Profits, export et grandes cultures : les vraies raisons des mégabassines

mégabassine de Sainte-Soline
La mégabassine de Sainte-Soline, dans les Deux-Sèvres, en novembre 2023. - © Jean-Jacques Guillet/Bassine non merci

• Cette enquête a été réalisée en collaboration avec le média Reporterre. Elle est diffusée en partenariat avec l’émission La Terre au carré, de Mathieu Vidard, sur France Inter.

Liens étroits avec les exploitations céréalières, export à l’international via le port de La Rochelle... Des documents exclusifs sur les mégabassines des Deux-Sèvres montrent que celles-ci ne défendent en rien une agriculture locale.

La mégabassine de Mauzé-sur-le-Mignon (Deux-Sèvres) se dresse sur la plaine poitevine comme un château-fort en place de château d’eau. Au-dessus des 2 mètres de talus, une première rangée de grillages surmontés de fils barbelés, un fossé puis une seconde clôture au sommet coupant dont les angles sont coiffés de caméras balayant la D101 qui relie Val-du-Mignon à la nationale. Une surveillance qui ne laisse rien passer : lors de notre visite le 27 novembre dernier, une camionnette de gendarmerie a rejoint notre stationnement devant le portail moins de cinq minutes après notre arrivée pour contrôler notre identité.

Nous sommes loin des promesses du « projet de territoire du bassin de la Sèvre niortaise — Marais poitevin » qui a initié le projet des retenues d’eau, popularisées depuis sous le nom de « mégabassines ».

Une caméra filme les abords de la mégabassine de Mauzé-sur-le-Mignon
Une caméra filme les abords de la mégabassine de Mauzé-sur-le-Mignon, le 27 novembre 2023. © Mathieu Génon / Reporterre

La démarche devait proposer un modèle agricole plus respectueux des milieux et des habitants. Elle s’est muée en une « guerre de l’eau », avec la boue des Deux-Sèvres pour tranchées, des procès en série et une violence institutionnelle et politique culminant aux abords du chantier de Sainte-Soline, le 25 mars 2023 : le déploiement hors de proportion des forces de sécurité et l’usage indiscriminé d’armes de guerre avait blessé, parfois gravement, des centaines d’opposants et opposantes pacifiques. Mais quel projet agricole a-t-on ainsi défendu ?

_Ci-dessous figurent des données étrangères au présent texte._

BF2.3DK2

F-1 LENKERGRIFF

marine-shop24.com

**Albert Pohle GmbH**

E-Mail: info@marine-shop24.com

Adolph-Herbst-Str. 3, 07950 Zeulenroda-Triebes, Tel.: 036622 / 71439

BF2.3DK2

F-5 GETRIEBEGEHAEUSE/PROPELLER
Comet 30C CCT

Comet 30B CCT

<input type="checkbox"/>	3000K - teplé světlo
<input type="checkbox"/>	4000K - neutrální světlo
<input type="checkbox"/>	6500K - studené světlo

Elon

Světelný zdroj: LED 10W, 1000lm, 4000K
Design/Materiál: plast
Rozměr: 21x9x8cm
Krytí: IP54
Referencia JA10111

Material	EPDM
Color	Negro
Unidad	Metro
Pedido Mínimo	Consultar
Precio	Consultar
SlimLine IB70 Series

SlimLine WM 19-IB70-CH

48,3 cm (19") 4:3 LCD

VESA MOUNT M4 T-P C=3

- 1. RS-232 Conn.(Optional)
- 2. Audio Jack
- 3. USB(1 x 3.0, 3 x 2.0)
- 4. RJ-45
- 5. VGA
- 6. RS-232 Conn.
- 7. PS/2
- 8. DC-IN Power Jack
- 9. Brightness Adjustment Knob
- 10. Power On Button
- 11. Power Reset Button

Notre enquête met à mal les arguments des partisans des mégabassines qui disent défendre une agriculture locale visant à maintenir l’élevage. L’analyse de données administratives, agricoles et économiques montre un lien étroit entre les projets de bassines et une filière céréalière omniprésente dans la région, majoritairement tournée vers le marché international via le port céréalier de La Rochelle, en Charente-Maritime.

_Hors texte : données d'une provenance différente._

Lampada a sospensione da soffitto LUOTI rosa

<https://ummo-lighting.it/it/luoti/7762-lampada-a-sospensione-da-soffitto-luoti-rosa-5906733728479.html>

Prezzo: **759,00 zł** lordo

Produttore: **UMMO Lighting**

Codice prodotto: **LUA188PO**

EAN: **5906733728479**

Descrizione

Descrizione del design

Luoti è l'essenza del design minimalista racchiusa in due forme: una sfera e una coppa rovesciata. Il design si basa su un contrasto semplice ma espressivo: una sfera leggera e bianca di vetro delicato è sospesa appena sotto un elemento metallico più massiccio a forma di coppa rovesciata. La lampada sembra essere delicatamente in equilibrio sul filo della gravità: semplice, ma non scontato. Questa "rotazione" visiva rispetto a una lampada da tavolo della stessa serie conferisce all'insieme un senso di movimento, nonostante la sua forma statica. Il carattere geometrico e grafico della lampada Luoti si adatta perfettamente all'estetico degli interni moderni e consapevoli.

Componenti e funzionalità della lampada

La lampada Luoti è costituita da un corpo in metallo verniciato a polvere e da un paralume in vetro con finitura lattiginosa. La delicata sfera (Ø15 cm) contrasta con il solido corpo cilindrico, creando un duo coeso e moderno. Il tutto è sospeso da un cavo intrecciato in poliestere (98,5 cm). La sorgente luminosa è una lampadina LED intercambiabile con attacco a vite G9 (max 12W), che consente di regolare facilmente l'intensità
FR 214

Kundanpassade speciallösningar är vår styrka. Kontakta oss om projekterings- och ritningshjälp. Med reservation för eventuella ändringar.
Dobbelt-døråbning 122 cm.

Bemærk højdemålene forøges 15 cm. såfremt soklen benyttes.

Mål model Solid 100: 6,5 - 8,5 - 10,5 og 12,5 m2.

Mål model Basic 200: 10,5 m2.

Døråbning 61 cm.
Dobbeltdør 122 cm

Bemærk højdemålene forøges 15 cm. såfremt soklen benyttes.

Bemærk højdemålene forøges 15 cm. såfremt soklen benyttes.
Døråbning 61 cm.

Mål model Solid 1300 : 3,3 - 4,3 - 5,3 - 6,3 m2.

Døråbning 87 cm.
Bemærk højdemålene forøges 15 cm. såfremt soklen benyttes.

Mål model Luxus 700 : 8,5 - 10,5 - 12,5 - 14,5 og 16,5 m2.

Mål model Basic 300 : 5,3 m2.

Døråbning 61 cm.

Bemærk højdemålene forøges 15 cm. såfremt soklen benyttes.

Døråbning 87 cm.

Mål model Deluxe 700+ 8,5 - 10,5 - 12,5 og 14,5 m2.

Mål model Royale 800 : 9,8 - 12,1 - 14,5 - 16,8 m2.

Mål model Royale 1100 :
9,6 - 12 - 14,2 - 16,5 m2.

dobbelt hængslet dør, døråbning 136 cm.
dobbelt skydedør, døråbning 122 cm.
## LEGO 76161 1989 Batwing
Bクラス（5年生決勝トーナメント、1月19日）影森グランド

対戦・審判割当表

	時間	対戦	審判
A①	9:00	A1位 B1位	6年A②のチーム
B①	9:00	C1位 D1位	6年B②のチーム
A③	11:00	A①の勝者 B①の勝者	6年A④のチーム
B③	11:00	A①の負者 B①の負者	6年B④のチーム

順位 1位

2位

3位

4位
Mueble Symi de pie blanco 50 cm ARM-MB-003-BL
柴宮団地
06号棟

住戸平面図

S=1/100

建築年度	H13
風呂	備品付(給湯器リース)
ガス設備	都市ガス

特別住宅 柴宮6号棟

Carte des productions de céréales destinées à l'exportation
© Louise Allain / Reporterre

À chaque occasion de communiquer, les membres de la Coopérative de l’eau 79, maître d’ouvrage des bassines, montrent veaux aux yeux tendres, rieuses biquettes et placides laitières. Que ce soit pour un article sur l’usage de l’eau de la mégabassine de Mauzé-sur-le-Mignon ou lors du procès de neuf militants antibassines à Niort le 28 novembre dernier, les responsables du projet appellent systématiquement des éleveurs pour témoigner. Une façon de s’inscrire dans une histoire agricole locale dont se font encore écho certaines appellations d’origine contrôlée (AOP) — Surgères, en Charente-Maritime, baratte son beurre réputé non loin.

La liste complète des exploitants raccordés n’a jamais été fournie. Le seul document faisant référence en la matière est l’arrêté préfectoral du 20 juillet 2020 par le préfet des Deux-Sèvres. Tenant compte du protocole et du jugement au tribunal administratif de Poitiers du 27 mai 2021, ce document liste en annexe 4 les raccordements aux seize bassines autorisées. Pas de nom d’entreprise agricole ici, mais des numéros « BSS », soit les identifiants des ouvrages souterrains d’adduction d’eau. Pour obtenir une liste des entreprises, nous avons croisé ces données avec la liste des prélèvements d’eau établie par l’Organisme unique de gestion de l’eau (OUGC) que Reporterre a pu se procurer.